(What is needed):
An exact copy of all the data, minus the images, is required.

(Information shown):
⁂

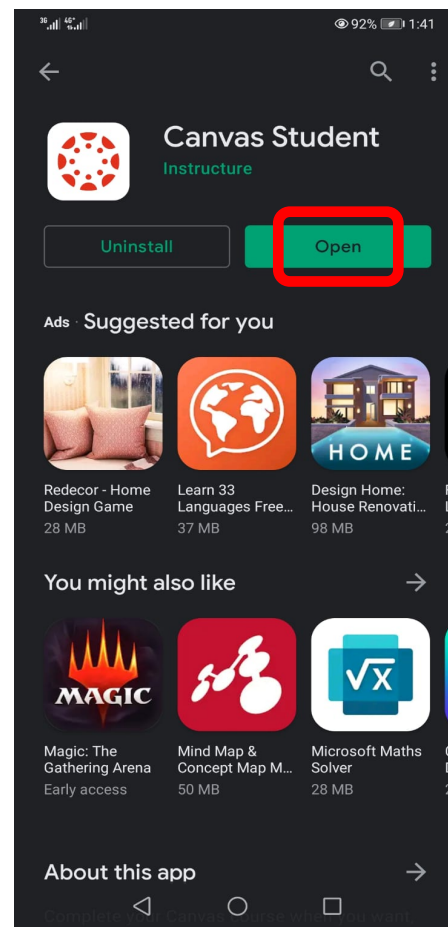

# How to Install the Canvas Student Mobile App on an Android device

**Step 1:** Go to your app store, search for **Canvas Student** and install the app

**Step 2:** Open **Canvas Student**

**Step 3: Select 'Find my School'**

⁂

(Answer section):
# How to Install the Canvas Student Mobile App on an Android device

**Step 1:** Go to your app store, search for **Canvas Student** and install the app

**Step 2:** Open **Canvas Student**

**Step 3: Select 'Find my School'**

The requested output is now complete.